I suggest making everything case insensitive for better usability. Parameters with different meanings that differ only by case is confusing.

jtkrogel commented 6 years ago

Revamp of the input system should include at least three improvements, IMO, and anticipate the later addition of a fourth:

1) Enforce case insensitivity of xml element/attribute/parameter names. 2) Exit with an error if unknown elements/attributes/parameters are encountered. 3) Exit with an error if there are any elements/attributes/parameters which are unread. [4) Exit with an error if inputted values for element body text, attributes, or parameters are incorrect.]

Goal should be to do this will as minimal modification (and thus effort) as possible. Current obstacles:

To (1): XML element names are matched only in nested if statements, so case insensitivity cannot be enforced by a small/modular change of a single class/function as it can be for attributes (OhmmsAttributeSet) and parameters (ParameterSet).
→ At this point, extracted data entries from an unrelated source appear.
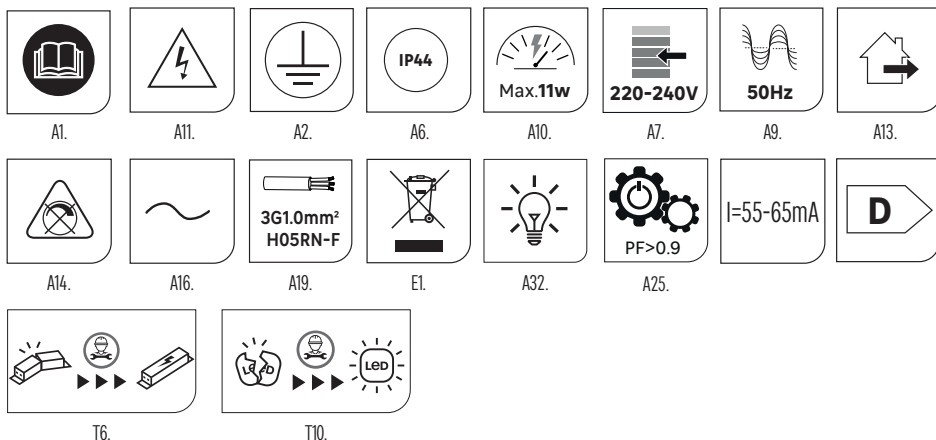

- FR** Ce produit contient une source lumineuse G18082-FGL-MZ-2835-D de classe d'efficacité énergétique D.
- ES** Este producto contiene una bombilla G18082-FGL-MZ-2835-D de clase de eficiencia D.
- PT** Este produto contém uma fonte de luz G18082-FGL-MZ-2835-D de eficiência energética de classe D.
- IT** Questo prodotto contiene una sorgente luminosa G18082-FGL-MZ-2835-D di classe di efficienza energetica D.
- EL** Αυτό το προϊόν περιέχει πηγή φωτός κατηγορίας G18082-FGL-MZ-2835-D ενεργειακής απόδοσης D.
- PL** Niniejszy produkt zawiera źródło światła G18082-FGL-MZ-2835-D klasy efektywności energetycznej D.
- UA** Данное изделие содержит источник света G18082-FGL-MZ-2835-D класса энергоэффективности D.
- RO** Acest produs conține o sursă de lumină G18082-FGL-MZ-2835-D din clasa de eficiență energetică D.
- DE** Dieses Produkt enthält ein Licht G18082-FGL-MZ-2835-D der Energieeffizienzklasse D.
- EN** This product includes a light source G18082-FGL-MZ-2835-D of the energy efficiency class D.
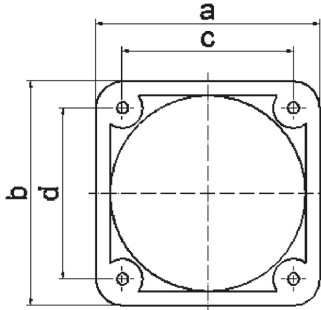

## Zubehör Anbausteckdosen - Befestigung 60x60 mm

Artikelbeschreibung	
BALS-Art.-Nr	187
EAN	4024941001878
Produktgruppe	Montagerahmen
Kennfarbe	grau
Geräte-Höhe	70mm
Geräte-Breite	70mm
Geräte-Tiefe	12mm
Flanschmaß vertikal in mm	70mm
Flanschmaß horizontal in mm	70mm

Artikelbeschreibung	
Bohrlochabstand vertikal in mm	60mm
Bohrlochabstand horizontal in	60mm
Gehäusematerial	Polyamid

Logistikdaten	
Einzelgewicht	0,014 kg / Stück
Verpackungsart	Tüte
Inhaltsmenge	1 ST
EAN	4024941001878
Länge	12 mm
Breite	70 mm
Höhe	70 mm
Gewicht	0,015 kg
Volumen	58,8 ccm
Verpackungsart	Karton
Inhaltsmenge	100 ST
EAN	4024941326988
Länge	275 mm
Breite	175 mm
Höhe	137 mm
Gewicht	1,525 kg

Logistikdaten	
Volumen	5.737,5 ccm

a	b	c	d	e	Bestell-Nr.
50	50	38	38	13	1843
54	54	44	44	10	1847
57	66	47	47	10	1848
60	60	50	50	10	1849
62	62	52	52	10	1850
62	70	52	60	10	1851

30 MB 182

To (2): Knowledge of all element/attribute/parameter names must stored and checked somewhere. (2) could possibly be handled by a single (centralized) XML schema + check. Alternatively, the QMCPACK class that begins the read of an XML element could be responsible for knowing just the names of the allowed XML elements/attributes/parameters and check them (decentralized, possible for attributes/parameters through modifications to OhmmsAttributeSet/ParameterSet as in (1)).

To (3): Cannot be achieved via schema, as what is read or not is local to each class, and this changes with time. Possible minimal modification (no change to class level code already present) would be to rewrap a libxml2 xmlNode in a (derived?) class, allowing for metadata (map(s) tracking whether elements/attributes/parameters have been read) along w/ modifications to OhmmAttributeSet/ParameterSet to mark in the metadata which reads have occurred.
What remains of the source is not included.